++++ Records provided

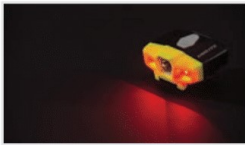

PS-CAP1

 **UNILITE** USB RECHARGEABLE CAP LIGHT

NEW

USB
CHARGING

EMERGENCY FLASH

2½-25
HOURS
RUNTIME

34
METRE
BEAM RANGE

125
LUMENS
OUTPUT

IPX5
WATER
RESISTANCE

2 SUPER BRIGHT RED LEDS

REAR USB CHARGING PORT

EASY PRESS MICRO SWITCH

120° ROTATIONAL HEAD

- » Powerful 125 Lumen white LED
- » 2 x 5mm Red LEDs - on and flashing
- » Micro-USB rechargeable
- » Red-to-Green charging indicator
- » Can be fully charged in 4 hours
- » Multi-faceted reflector
- » 120° rotational head
- » Strong ABS housing
- » Easy push micro switch
- » IPX5 Water resistant
- » Easily slots on to the end of a cap peak
- » Ideal for everyone!
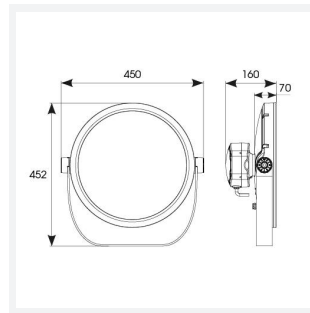

PRODUCT FEATURES

- High performance projector with a vast number of customisation options suitable for all commercial, hospitality, retail and industrial applications
- Beam angle options ranging from 8° up to 60° ensure suitability for most applications
- Low glare hood and honeycomb film accessories available for projects when glare optimisation and upward lighting are considerations
- Die-cast construction provides sleek and modern appearance, perfect for architectural applications
- Multiple control options available, DALI (as standard), DMX and Casambi (35W and 100W only) as well as an extensive collection of CCT options (2000K, 2200K, 2700K, 3000K, 4000K, 5000K, TW, RGBW) provide complete control and light output for even the most complex of projects

GENERAL INFORMATION

Wattage	100W
Beam Angle	12°
CRI	80
CCT	RGBW (RGB+2700K)
Input	220/240V
Operating Temp	-30°C - 50°C
SDCM	6
Product Weight without Packaging	10 kg

TECHNICAL INFORMATION

Light Source	LED
Colour / Finish	Silver
IP Rating	IP66
Class Protection	1
Internal / External	Internal / External
Surface / Recessed / Suspended	Floor, Pole, Wall
Lumen Depreciation	L70 54,000h
Warranty (Years)	5
CE Mark	Yes
Diameter	394 mm
Height	452 mm

++++++++

### Work to complete:
When you give the entries again, keep them exact and omit any picture they contain.

### Result for this exercise:
PS-CAP1

 **UNILITE** USB RECHARGEABLE CAP LIGHT

NEW

USB
CHARGING

EMERGENCY FLASH

2½-25
HOURS
RUNTIME

34
METRE
BEAM RANGE

125
LUMENS
OUTPUT

IPX5
WATER
RESISTANCE

2 SUPER BRIGHT RED LEDS

REAR USB CHARGING PORT

EASY PRESS MICRO SWITCH

120° ROTATIONAL HEAD

- » Powerful 125 Lumen white LED
- » 2 x 5mm Red LEDs - on and flashing
- » Micro-USB rechargeable
- » Red-to-Green charging indicator
- » Can be fully charged in 4 hours
- » Multi-faceted reflector
- » 120° rotational head
- » Strong ABS housing
- » Easy push micro switch
- » IPX5 Water resistant
- » Easily slots on to the end of a cap peak
- » Ideal for everyone!

PRODUCT FEATURES

- High performance projector with a vast number of customisation options suitable for all commercial, hospitality, retail and industrial applications
- Beam angle options ranging from 8° up to 60° ensure suitability for most applications
- Low glare hood and honeycomb film accessories available for projects when glare optimisation and upward lighting are considerations
- Die-cast construction provides sleek and modern appearance, perfect for architectural applications
- Multiple control options available, DALI (as standard), DMX and Casambi (35W and 100W only) as well as an extensive collection of CCT options (2000K, 2200K, 2700K, 3000K, 4000K, 5000K, TW, RGBW) provide complete control and light output for even the most complex of projects

GENERAL INFORMATION

Wattage	100W
Beam Angle	12°
CRI	80
CCT	RGBW (RGB+2700K)
Input	220/240V
Operating Temp	-30°C - 50°C
SDCM	6
Product Weight without Packaging	10 kg

TECHNICAL INFORMATION

Light Source	LED
Colour / Finish	Silver
IP Rating	IP66
Class Protection	1
Internal / External	Internal / External
Surface / Recessed / Suspended	Floor, Pole, Wall
Lumen Depreciation	L70 54,000h
Warranty (Years)	5
CE Mark	Yes
Diameter	394 mm
Height	452 mm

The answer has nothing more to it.